----- Input

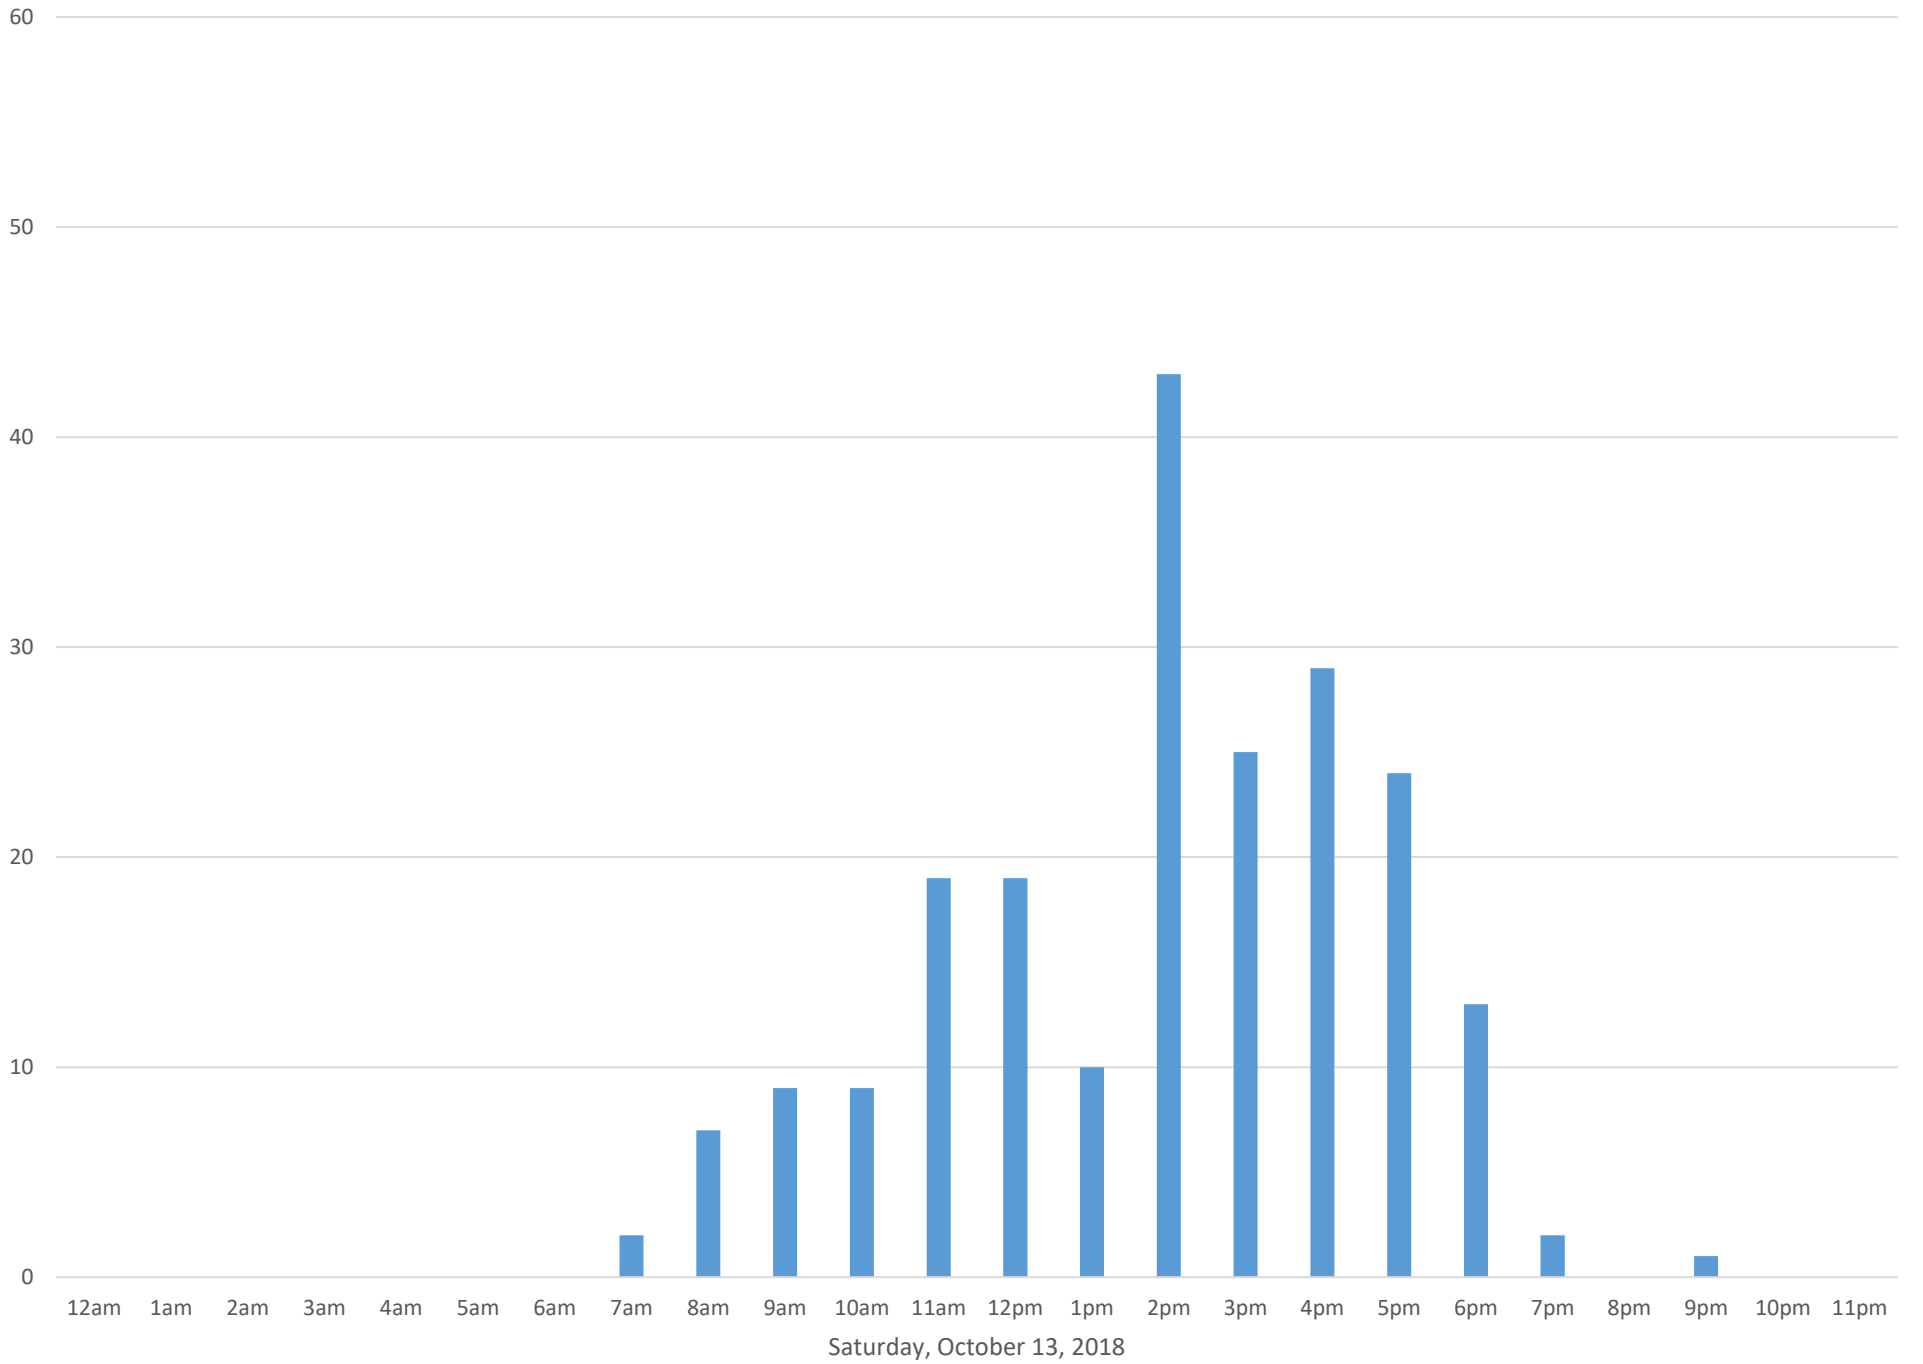

South Bay Trail

Data Summary

Total Count 3,668

Daily Average 118

Average Weekend Day 189

Average Weekday 94

Highest Daily Count 297

Busiest Day of the Week Sunday, October 14, 2018

South Bay Trail October 2018

Monthly Data

Total Count = 3668

South Bay Trail

South Bay Trail

South Bay Trail

Wednesday, October 3, 2018

South Bay Trail

South Bay Trail

South Bay Trail

Saturday, October 6, 2018

South Bay Trail

South Bay Trail

South Bay Trail

South Bay Trail

South Bay Trail

South Bay Trail

South Bay Trail

South Bay Trail

South Bay Trail

South Bay Trail

Tuesday, October 16, 2018

South Bay Trail

South Bay Trail
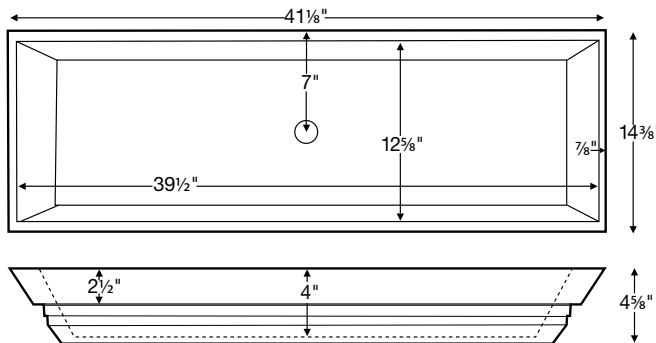

Petra 7 SR is a single-drain semi-recessed sink.

# Petra 7 SR

Model # MTCS-748

41.125" x 14.375" x 2.5"

**Installation:** semi-recessed or undermount

**Lead Time - 10 Business Days**

NOTES: SINK IS SEMI-RECESSED. SINK MUST BE MEASURED ON-SITE TO ENSURE ACCURATE DIMENSIONS OF HOLE CUT-OUT. Measurements are  $\pm 1/2$ " and are subject to change without notice. Data herein supersedes all previous prior to publication date indicated below.

## CONSTRUCTION AND STANDARD FEATURES

- Petra 7 SR is a semi-recessed model, which allows only the top 2.5" of the sink to rest on the vanity.
- Single-bowl design; 1.5" drain opening.
- Sink has no overflow. Requires vessel-style drain kit without overflow. Check local codes.
- One-piece construction using Engineered Solid Stone (ESS) material, which is solid through and through.
- ESS is a mixture of ground natural materials and binding agents that are liquefied, poured and then hardened.
- This material is non-porous, stain-, mold- and mildew-resistant, making cleaning and maintenance easy.
- Approximately 65% of the material is organic, including minerals mined from the earth, making it "Green".
- Same material and color all the way through, with minor variations due to use of natural minerals.
- Five-Year Limited Residential Warranty.
- Shipping weight: 48 lbs.
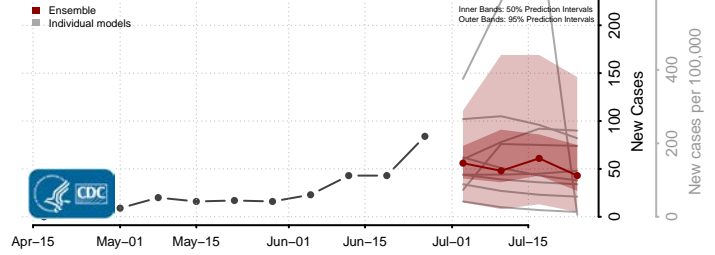

Jefferson County, Missouri

Johnson County, Missouri

Knox County, Missouri

Laclede County, Missouri

Lafayette County, Missouri

Lawrence County, Missouri

Lewis County, Missouri

Lincoln County, Missouri
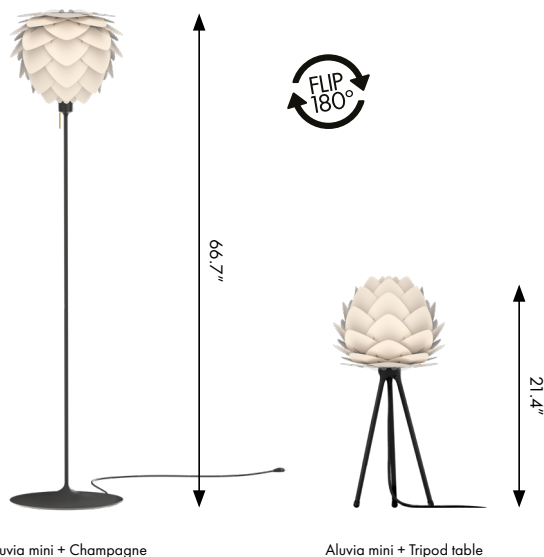

#2128
 #2130
 #2132
 #2134
 #2136
 #2138

UMAGE Aluvia mini

Designed by UIMAGE Design Team in Copenhagen, Denmark

Aluvia mini + Champagne

Aluvia mini + Tripod table

Floor, pendant, wall & table lamp Flip 180°

Unbreakable

Dimensions
 ø 15.7"
 h 11.8"

Material
 Aluminum, PC

Weight
 0.8 lbs

Light source
 E26 - max 15 W LED
 Bulb recommendation: #4041

Packaging
 Gift Box, Dimensions (L×H×D): 20.1 x 13.8 x 1.1"

Assembly time
 20 min - video guide at umage.com
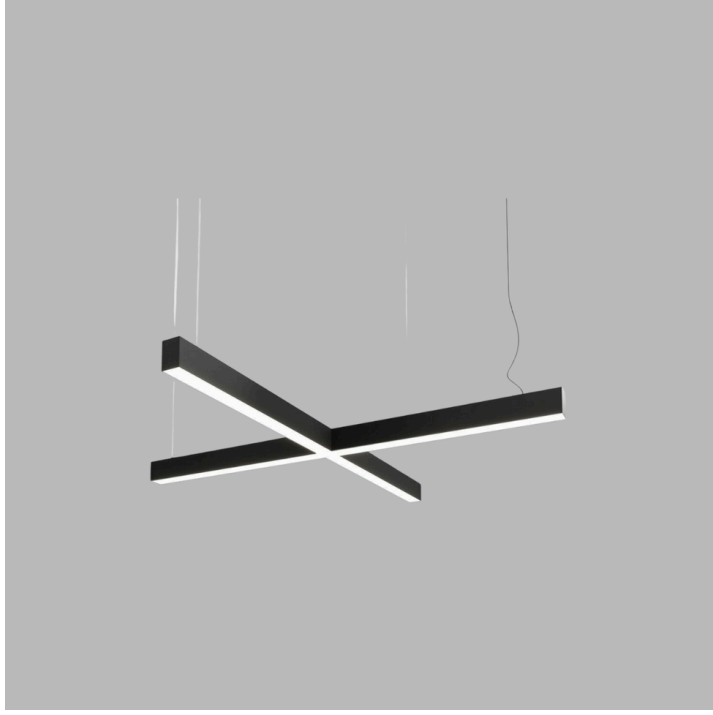

LAKA

ARCHITECTURAL LINEAR LUMINAIRES

VAR01 6636R SS30

VAR01 6636R SS40

VAR01 6636R SS60

MECHANICAL SPECS / MEKANİK ÖZELLİKLER

Application Areas Uygulama Alanları	Sales room - Residential areas - Hospital - Commercial building
Luminaire Type Ürün Tipi	LED Architectural Pendant
Luminaire Body Ürün Gövdesi	Luminaire body DKP steel. Electrostatic powder coating
Luminaire Diffuser Ürün Difüzörü	Opal diffuser
Luminaire Colour Ürün Gövde Rengi	S : Ral 9005 Jet black / B : Ral 9016 Traffic White / G : Ral 9006 Grey
Ingress Protection (IP) Rating IP Sınıfı	IP40
Impact Resistance (IK) Rating IK Sınıfı	IK02
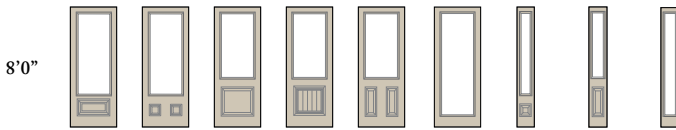

8'0"

Chord	122-113-1	122-113-2	404-113-1	404-113-1P	404-113-2	810-113-X	151-113-1	450-113-1	852-113-X
Pear	122-115-1	122-115-2	404-115-1	404-115-1P	404-115-2	810-115-X	151-115-1	450-115-1	852-115-X
BMT	•				•	•	•	•	•
BLT					•	•	•	•	•
BLS	•		•	•	•	•	•	•	•
MHD		•			•	•	•	•	•

BMT
Belleville® Mahogany
Textured

BLT
Belleville® Oak
Textured

BLS
Belleville® Smooth

MHD
Masonite® HD Steel

----------

» **What to produce**:
Among the lines of the data, some may include "October" as a word or string; report how many, and nothing else.

» **Response box**:
5